PROBLEM DETAILS:
Scan the entries for "Wiedergabe". Every line that holds it is to be copied.

AVAILABLE DATA:
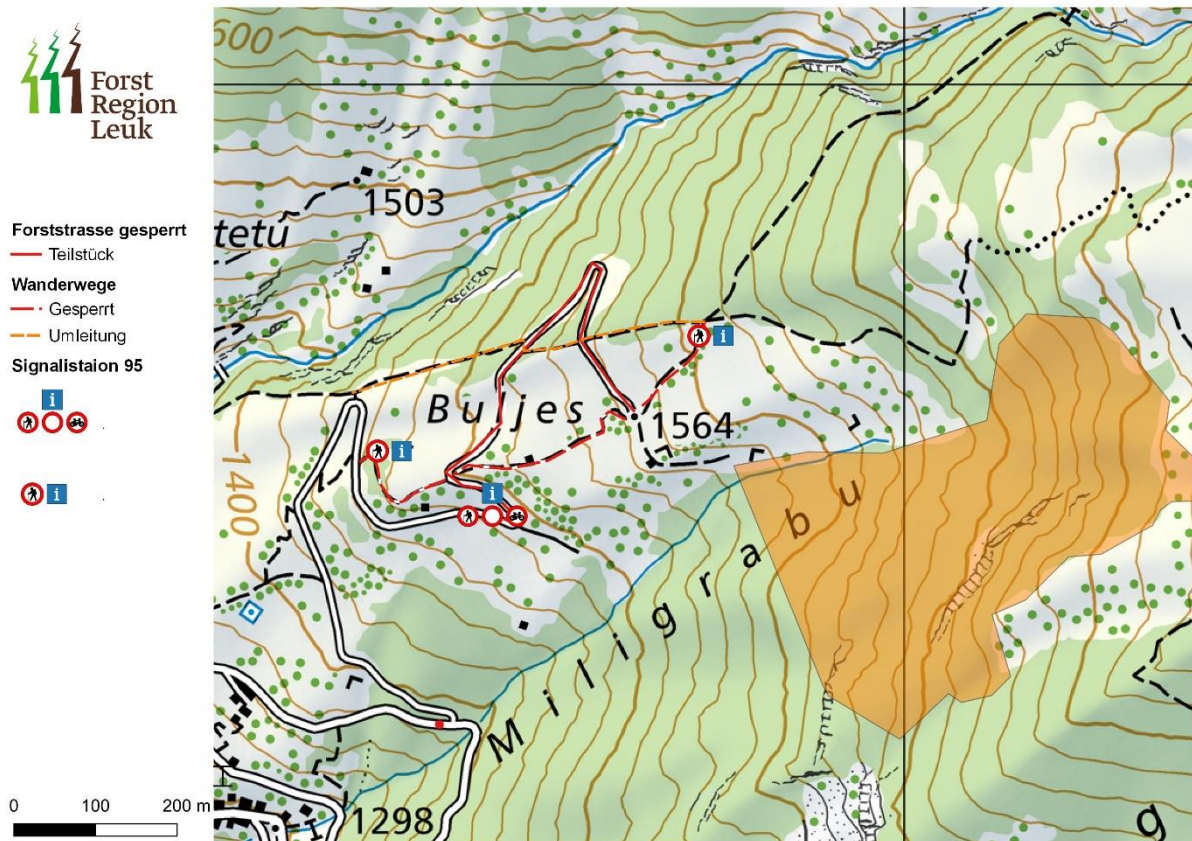

Information Schutzwaldpflege Miligrabu (Holzfliegen)

Im Auftrag folgender öffentlicher Körperschaften und Dienststelle

- Bürgergemeinde Albinen
- Gemeinde Albinen
- Dienststelle für Wald, Flussbau und Landschaft

führt der Zweckverband «Forst Region Leuk» die Schutzwaldpflege in folgendem Perimeter aus. Die Pflege fällt alle 30 Jahre an.

Wanderwegsperrungen

Datum: 21.07.2021-23.07.2021 / Gemäss Karte gesperrt

Forststrassensperrung

Datum: 21.07.2021-30.07.2021 / Gemäss Karte gesperrt

Danke für Ihr Verständnis
Mit freundlichen Grüssen
Forst Region Leuk

Update: 16.07.2021
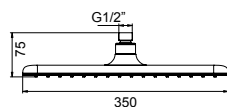

WCHUV 028

Chuveiro Superior 350X125mm ABS
Ducha de Techo 350x125mm en ABS
Pomme de Douche 350x125mm en ABS
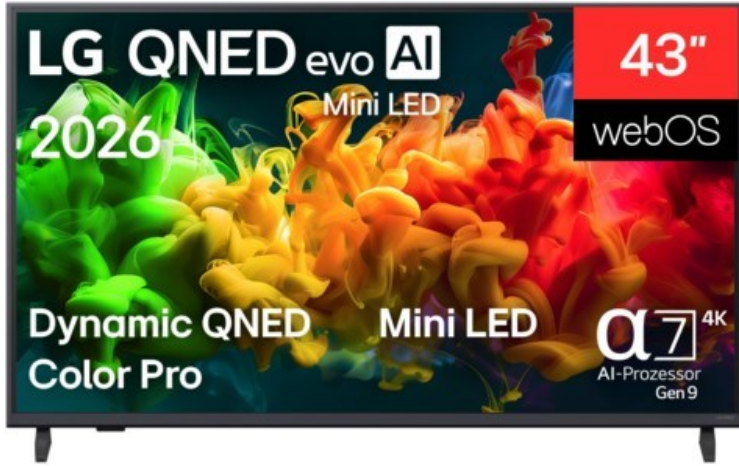

Elektro Angermeier

Kompetent. Sympathisch. Nah.

Unsere persönliche Empfehlung für Sie:

LG 43QNED8EB3F

Artikelnummer 19752

Produkt-Highlights

- 4K QNED evo AI TV mit Dynamic QNED Color Pro-Display und Mini-LED-Backlight für reinste Farben
- α7 Gen9 4K AI-Prozessor mit vielen AI-Funktionen für bestmögliche Bild- und Tonqualität
- Filmmaker Ambient Mode für kinogleiches Entertainment
- webOS 26 mit Upgrades für 4 Jahre und AI Magic Remote-Fernbedienung für komfortable Bedienung
- Gaming mit bis zu 4K @ 60 Hz, Motion Booster 120-Technologie und HGIG

Produkttyp

- Technologie: LCD

Energieeffizienz / Verbrauchswerte

- Energy Label Version: 2019/2013
- Energieeffizienzklasse: G
- Energieeffizienzspektrum: Spektrum [A bis G]
- Energieverbrauch (kWh/1.000h): 54 kWh/1000h
- Energieverbrauch (HDR-Wiedergabe) (kWh/1.000h): 85 kWh/1000h
- Energieeffizienzklasse (HDR-Wiedergabe): G

Bildeigenschaften

- Auflösung: Ultra HD (4K)
- Bildoptimierung: HDR

Ausstattung & Technik

- Bildschirmdiagonale: 108 cm
- Bildschirmdiagonale: 43"

- max. Auflösung (Horizontal): 3840
- max. Auflösung (Vertikal): 2160
- WLAN Ausstattung: WLAN integriert
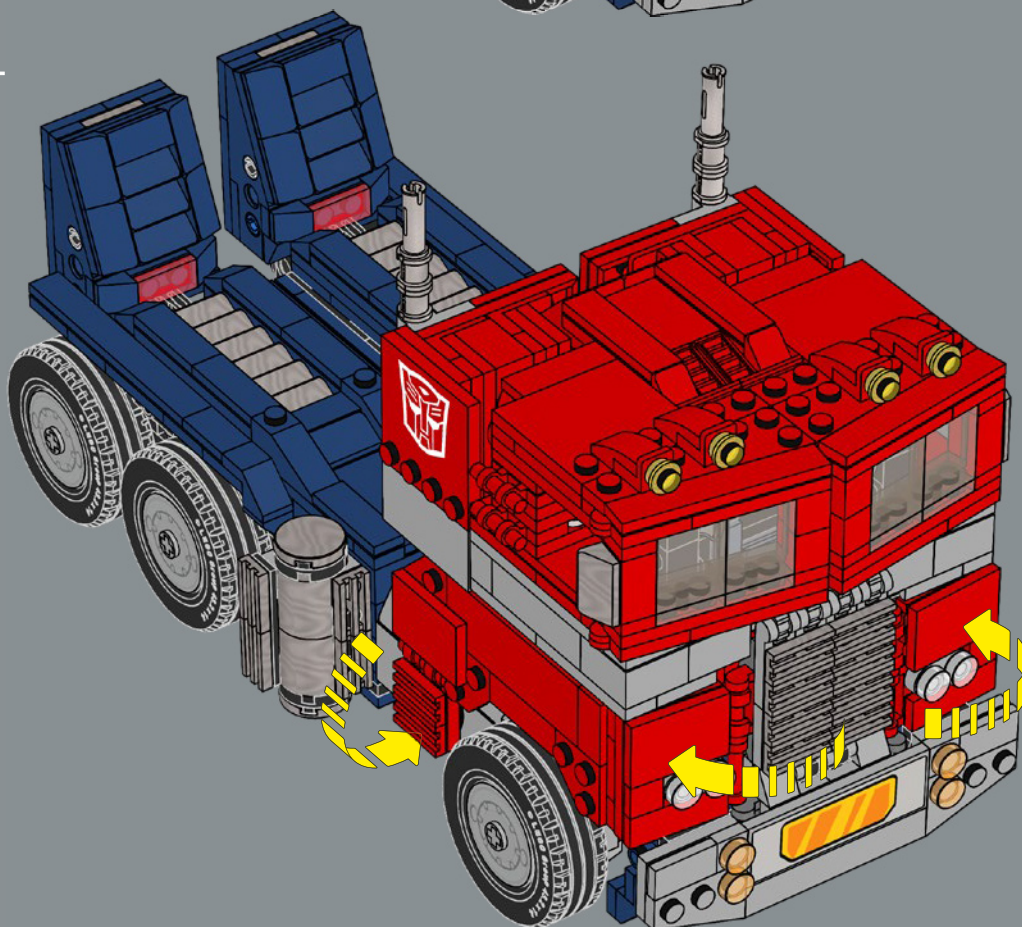

10

11

12

13

14

16

17

Der Blaster von Optimus Prime ist das einzige Zubehöreelement in diesem LEGO® Set, das auch schon beim Originalspielzeug vorhanden war. Deshalb ist er hier im Fahrzeugmodus ins Modell integriert.

PROBLEM SOLUTION:
- Energieverbrauch (HDR-Wiedergabe) (kWh/1.000h): 85 kWh/1000h
- Energieeffizienzklasse (HDR-Wiedergabe): G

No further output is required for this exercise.